*Exercise details*: Extract each line holding the word "Appr" from the entries.

(Collection entries)
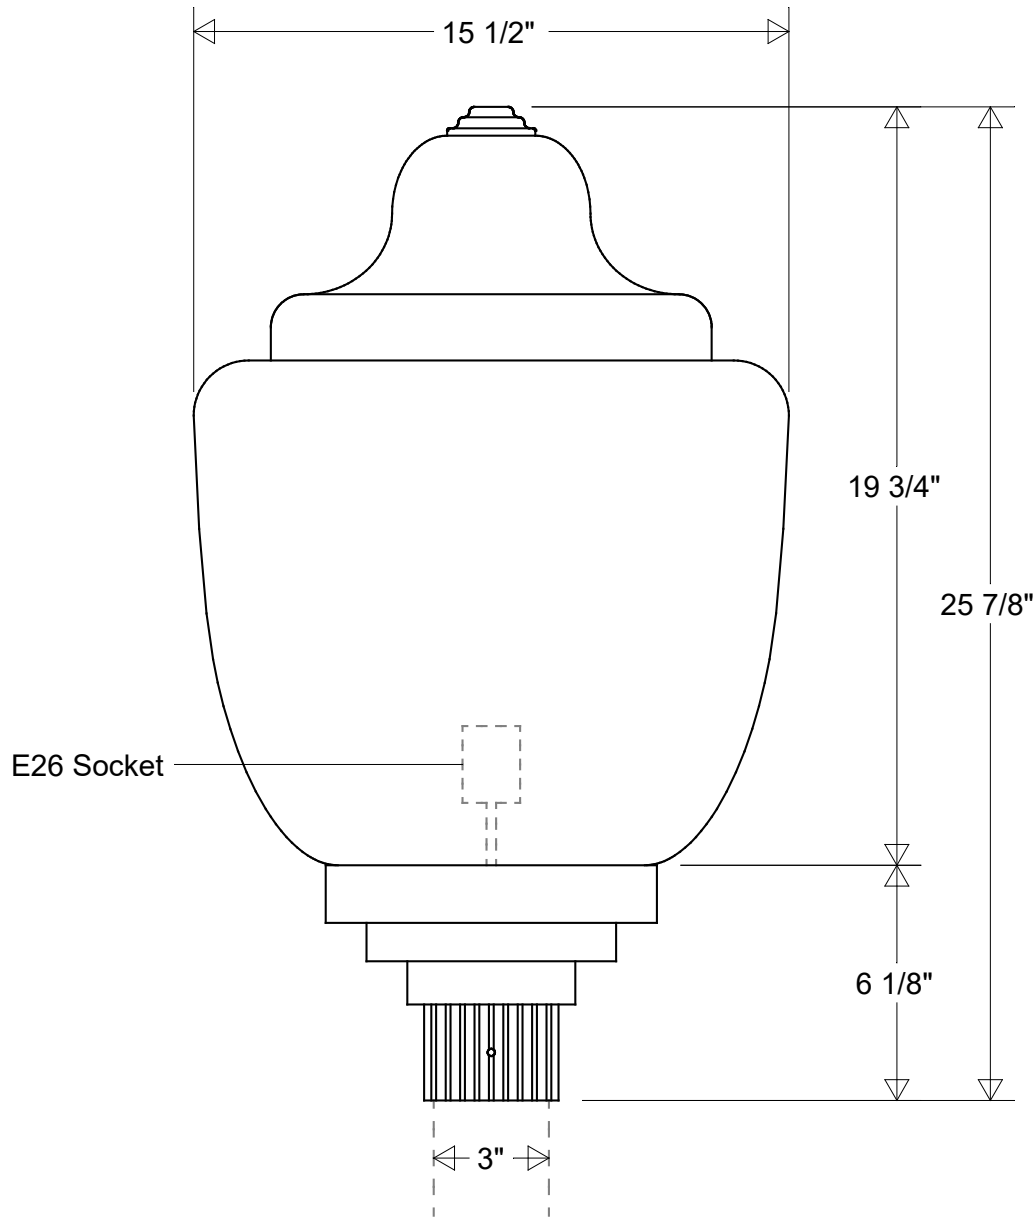

Primelite Manufacturing Corp

407 S Main St, Freeport, NY 11520

Phone: 516-868-4411 | Fax: 516-868-4609
 sales@primelite-mfg.com | www.primelite-mfg.com

PART # #1218	LAMP E26 Socket	VOLTAGE 120 V	COLOR Powder Coated Paint
JOB NAME			TYPE Post Light

Lamp: E26 Socket Max Wattage: 300 W 	Initials	Date	<h2>Post Light #1218</h2> <p>15 1/2" Dia 25 7/8" H</p> <p>Fits 3" OD Round Posts & Pier Mounts</p>			Revisions				
	Drawn	CB				08/2022	Zone	Rev	Description	Date
	Checked			Size	Drawing No.	Rev				
Construction: Aluminum Polycarbonate	ENG Appr.		A	0001	A					
Unless Otherwise Specified: Dimensions in Inches	MFR Appr.		Scale	CAD File	Sheet					
	QA				1 of 1					
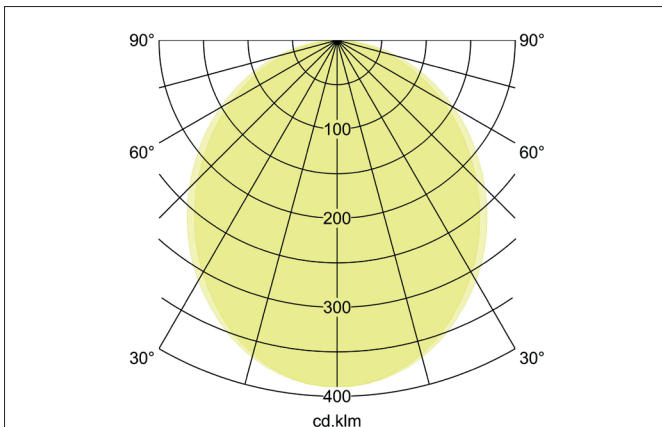

**BIRO40 2.0 LED recessed profile luminaire direct**  
 Article no. 7429141016

**Tender**  
 Rectangular LED recessed profile luminaire direct, ceiling cut-out installation depth mm, length 1,158 mm, width 40 mm, weight 2.59 kg, with rotationally symmetrical narrow-wide beam light distribution. Satin-finish plastic cover, rated luminous flux 1,915 lm, UGR < 25, rated power 14.8 W, neutral white light color, most similar color temperature (CCT) 4,000 K, general color rendering index CRI > 90, service life L80/B50 at 25 °C: 113,000 h, housing material: aluminium / steel / plastic, color: black structure, permissible ambient temperature (ta): -20 °C - +25 °C, protection class (EN 61140): I, degree of protection (DIN EN 60529): IP20. With electronic control gear, DALI-DT6 dimmable.

Article data	
Article no.	7429141016
GTIN	4255752516323
Series name	BIRO40 2.0
Short description	LED recessed profile luminaire direct
Material	Aluminium / Steel / Plastic
Colour	black structure
Type of surface	Structure
Shape	Rectangular
Length	1,158 mm
Width	40 mm
Height	75 mm
Weight	2.59 kg
Conformance	CE, UKCA
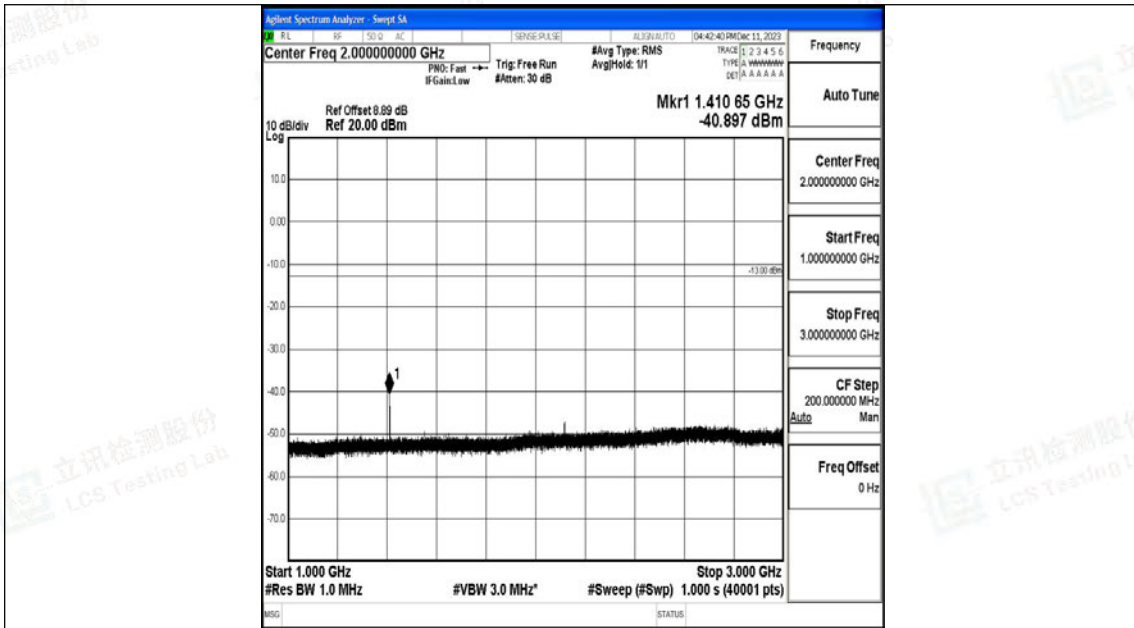

Band12_5MHz_16QAM_23095_1RB#0_0.009~0.15_0.009~0.15

Band12_5MHz_16QAM_23095_1RB#0_0.15~30_0.15~30

Band12_5MHz_16QAM_23095_1RB#0_30~1000_30~1000

Band12_5MHz_16QAM_23095_1RB#0_1000~3000_1000~3000

Band12_5MHz_16QAM_23095_1RB#0_3000~10000_3000~10000
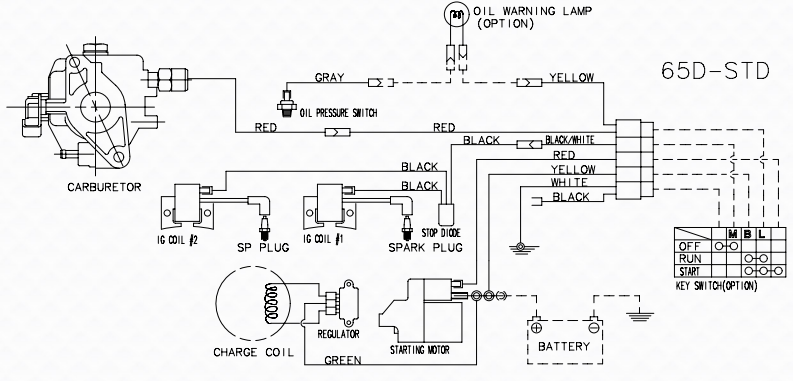

EH65 22.0hp

The horse power ratings shown herein are established in accordance with JIS B-8017

WIRING DIAGRAM
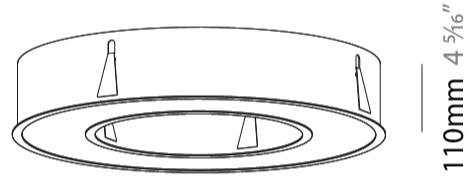

PHYSICAL

| |
|---|
| Shape: Round |
| Diameter (mm): 770 |
| Diameter (in): 30 ⁵ / ₁₆ |
| Height (mm): 110 |
| Height (in): 4 ⁵ / ₁₆ |
| Min. Recessing Depth (mm): 120 |
| Min. Recessing Depth (in): 4 ³ / ₄ |
| Light Distribution: Direct |
| Weight (kg): 9.285 |
| Weight (lbs): 20.47 |
| Diffuser: PMMA - Opal or Micro-Prism |
| Fixture Finish: SSR / BKV / CWI / CRY / HAB / LAG / UFT / ITA / RUA / RUR / MIC / FTG / MYG / TWT / LOD / PUS / FRO / FUP / KIA / POP / BLS / SPG / MEY / GOH / GUM / CHC / COM / ABZ / JAG / OBR / MOS / ROR |
| Fixture Material: Aluminum |
| Cut-out Measurements: 760mm / 29 15/16" x 440mm / 17 5/16" |

| |
|--|
| Certified By: Certified for North American Standards |
| IP rating: IP20 |

Ø 428mm 16 ⁷/₈ "

Ø 770mm 30 ⁵/₁₆ "

110mm 4 ⁵/₁₆ "

760mm x 440mm
29 ¹⁵/₁₆" x 17 ⁵/₁₆"

120mm
4 ³/₄"

10 - 15mm
³/₈" - ⁹/₁₆"
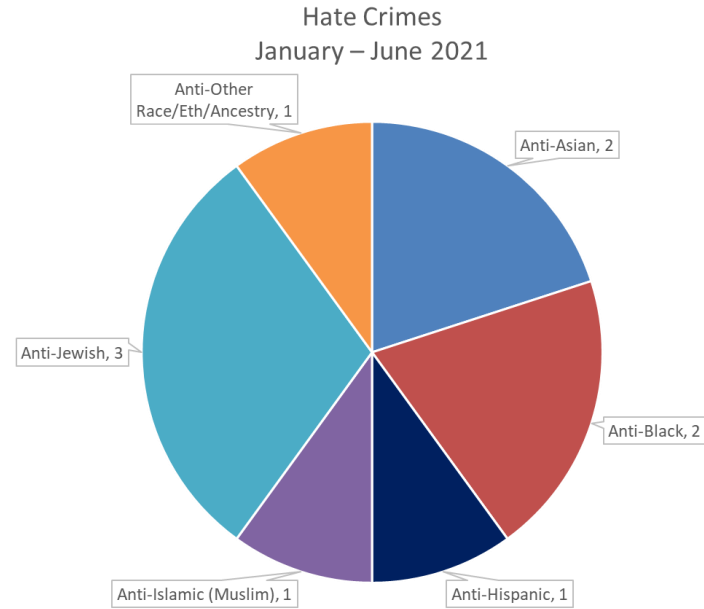

### Hate Crimes and Bias Incidents 2021 (Jan-Jun)

JAN-JUN 2021	Intimidation	Vandalism	Non-Criminal Incident	Total
Anti-Asian	2		5	7
Anti-Black	2		3	5
Anti-Hispanic	1		1	2
Anti-Jewish		3		3
Anti-LGBT			2	2
Anti-Islamic (Muslim)	1			1
Anti-Other Race		1		1
Anti-White			1	1
<b>TOTAL</b>	<b>6</b>	<b>4</b>	<b>12</b>	<b>22</b>

Non-Criminal Bias Incidents  
January – June 2021
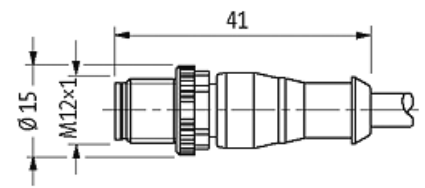

**M12 male 0° / M12 female 90°**

PUR 3x0.34 bk UL/CSA+drag chain 40m

Male straight – female 90°

M12 – M12, 3-pole

Art-No. 7005 - M12 Lite - (plastic hexagonal screw) on request

Plastic housings with good resistance against chemicals and oils.

The resistance to aggressive media should be individually tested for your application. Further details on request.

Further cable lengths on request.

**Link to Product****Illustration**

Product may differ from Image

**Sketch**

Male

Female

Product may differ from Image
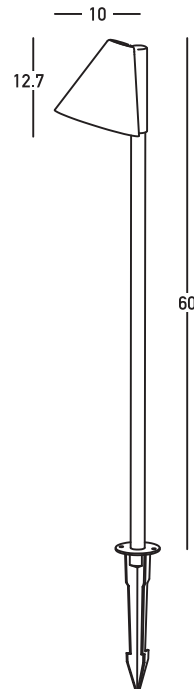

Product Data Sheet

Date: 09/02/2023
www.zambelislights.gr

Code E281

Color: Graphite

Outdoor Lighting

Bulb	1x GU10
Power	20W MAX
Voltage	220-240V
Operating Frequency	50/60Hz
IP	65
Dimensions	L: 10cm W: 10cm H: 60cm
Material	Aluminum-Tempered Glass
Special Feature	Spike Included
	Recommended Base E282-SP

Description

Spike Garden light
 made of aluminum and tempered glass,
 in a graphite finish.

5213010017905

www.zambelislights.gr | www.zambelislights.com
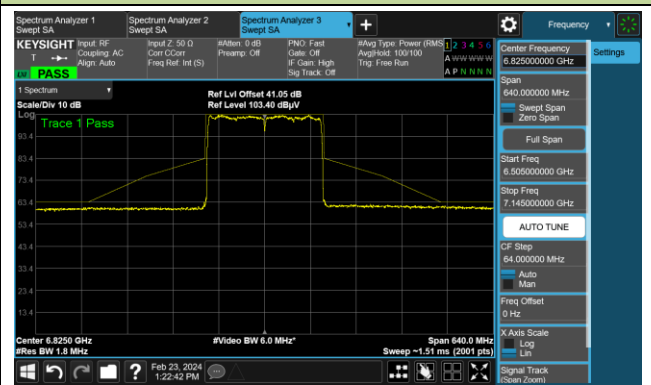

Channel 143 (6665MHz)

The Reference Level

The Mask Data

Channel 175 (6825MHz)

The Reference Level

The Mask Data

802.11ax-HE160 (N_{ss} = 4)

Channel 207 (6985MHz)

The Reference Level

The Mask Data

802.11be-EHT20 (N_{ss} = 4)

Channel 1 (5955MHz)

The Reference Level

The Mask Data

Channel 49 (6195MHz)

The Reference Level
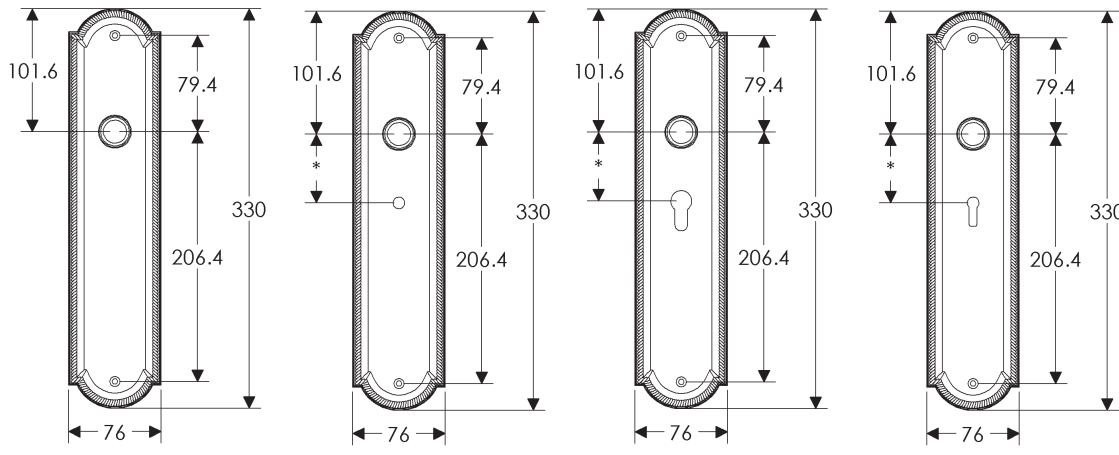

BL408

EU408

BK408

* This center-to-center dimension will need to be verified before set can be ordered.

OC408

76mm x 254mm RECTANGULAR ESCUTCHEON

* This center-to-center dimension will need to be verified before set can be ordered.

BL356

EU356

BK356

* This center-to-center dimension will need to be verified before set can be ordered.

OC356

89mm x 330mm STEPPED ESCUTCHEON

* This center-to-center dimension will need to be verified before set can be ordered.

76mm x 95mm ELLIS ESCUTCHEON

76mm x 127mm ELLIS ESCUTCHEON

44mm x 279mm ELLIS ESCUTCHEON

SL041

BL041

EU041

BK041

* This center-to-center dimension will need to be verified before set can be ordered.

OC041

76mm x 279mm ELLIS ESCUTCHEON

* This center-to-center dimension will need to be verified before set can be ordered.

76mm x 330mm ELLIS ESCUTCHEON

* This center-to-center dimension will need to be verified before set can be ordered.

*Solution to the problem*:
Construction: Aluminum Polycarbonate	ENG Appr.		A	0001	A					
Unless Otherwise Specified: Dimensions in Inches	MFR Appr.		Scale	CAD File	Sheet					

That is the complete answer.